When $850 billion in pandemic-related stimulus money hit personal banking accounts in three waves, many U.S. households used it for immediate needs, paid down debt or stashed it away for rainy days.
But others with a more entrepreneurial spirit chose to use the money to start new businesses.
Kit Creemer is among those who saw possibility when the payments came.
While Creemer hasn’t yet created an LLC, she invested stimulus money in training and supplies to get her on the path to launching Agape Apothecary.
The registered nurse hopes one day soon she’ll be able to scale back her hours at Mercy Springfield Communities and, eventually, make a full-time job out of Agape Apothecary and creating medicinal products.
But first, she needed a cash infusion.
“It’s helped with expenses,” Creemer said. “I have to have the stuff on hand in order to create, so you have to have the money to invest.”
A study by the National Bureau of Economic Research found 21% more businesses were started in 2020 than in 2019. According to reports from the U.S. Small Business Administration’s Office of Advocacy, the number of U.S. small businesses increased by a net of nearly 1 million last year to 31.7 million.
Additionally, a study from the Peterson Institute for International Economics showed that of those businesses, 4.4 million in 2020 were startups, up from 3.5 million the year prior.

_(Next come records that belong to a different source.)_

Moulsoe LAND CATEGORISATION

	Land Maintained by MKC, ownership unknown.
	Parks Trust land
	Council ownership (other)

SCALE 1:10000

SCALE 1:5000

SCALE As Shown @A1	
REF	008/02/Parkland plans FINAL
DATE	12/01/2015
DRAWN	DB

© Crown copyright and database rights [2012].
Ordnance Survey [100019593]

Ram Basnet, manager of the SBA’s Springfield branch, said that while he doesn’t have hard data, he has noticed an increase in the number of calls from people looking to start a business in lieu of employment.

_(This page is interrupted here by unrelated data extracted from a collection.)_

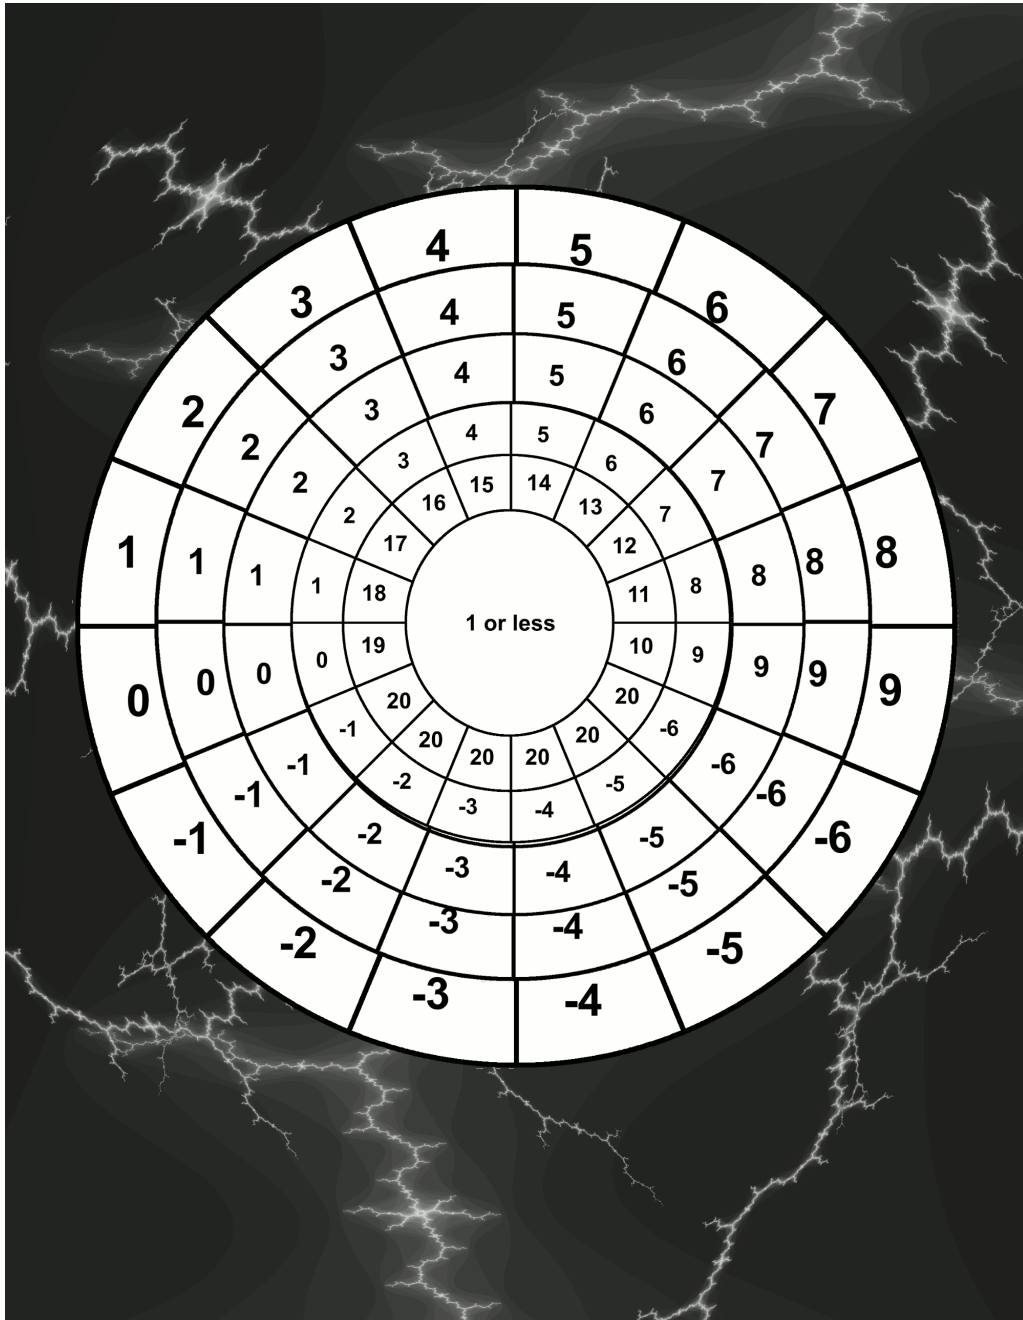

# Generic Monster Wheelies For Labyrinth Lord

**Generic Monster Wheelies  
For  
Labyrinth Lord**

**Put together by  
Unbalanced Dice Games**

**Numbers from the game  
Labyrinth Lord**

# Generic Monster Wheelies For Labyrinth Lord v.1

Wheelies are round charts that contain the following bits of information. Their to help players of the Labyrinth Lord game who want the information the Wheelies contain in front of them. These Wheelies are generic. Their for monsters without a proper Wheelie in the Labyrinth Lord game. The Wheelies are divided into many different parts:

On top of the circle: monster name

The inner circle: The HD of the monster

The outer rings:

First circle: AC

Second circle: The 20 sided dice roll to hit that AC based off of a monster's HD.

The following pages contains Genric Monster Wheelies. 1 page for each HD in the Monster Attack Table(in the Labyrinth Lord book). All the HD are based off of what's in the book.

Basnet said the reasons vary from those who got a taste of working from home and want to continue that flexibility to those who suddenly found themselves without a job. “Maybe they had resources from unemployment and time to think, to work on ideas they’ve had in the past,” he said.

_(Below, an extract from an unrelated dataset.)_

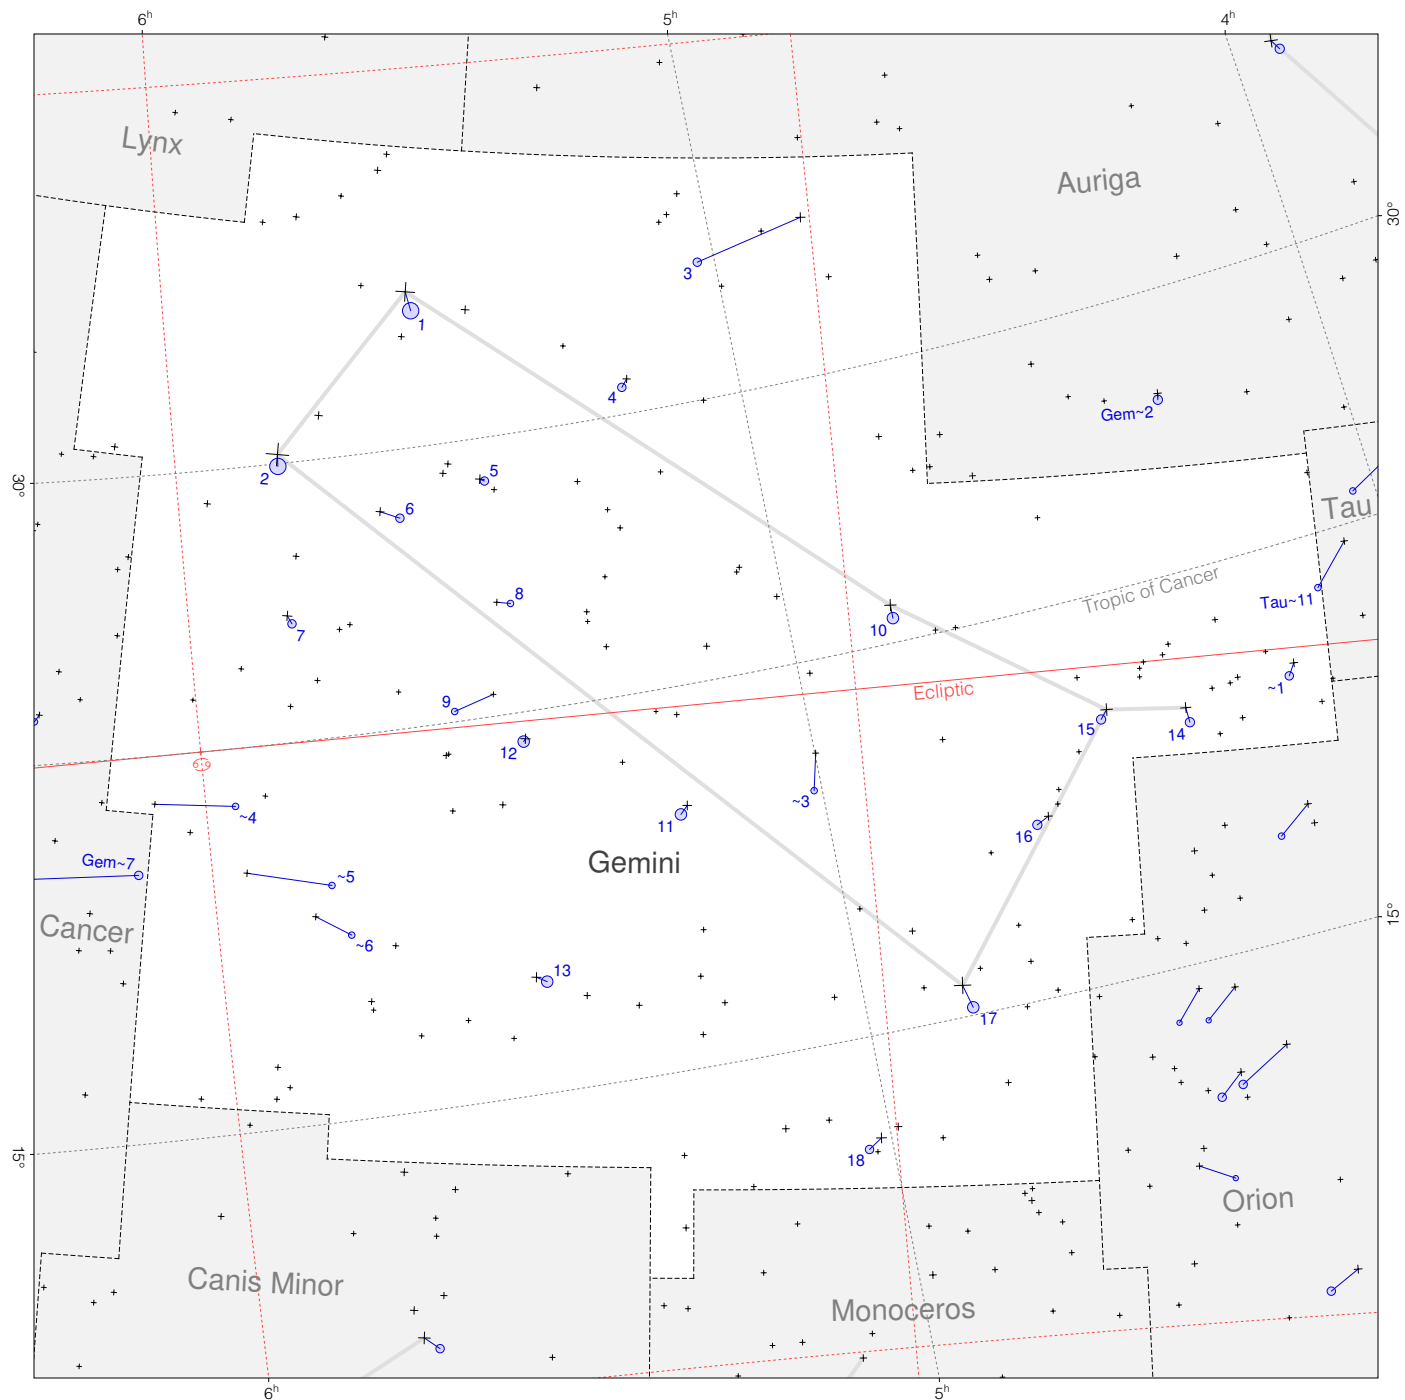

# Ptolemy stars in Gemini

Magnitudes: 1 2 3 4 5 6 7

Scale at center: 0° 2° 4°

Paige Oxendine, assistant director at the Efactory, said the business incubator has experienced a similar uptick in people asking for assistance to launch new businesses.
“We’ve seen the full spectrum in terms of what types of businesses people are interested in starting,” Oxendine said via email. “Local entrepreneurs are exploring everything from online-based businesses to traditional brick-and-mortar establishments.”
For Creemer, time and experiences of the past 18 months got her entrepreneurial wheels turning.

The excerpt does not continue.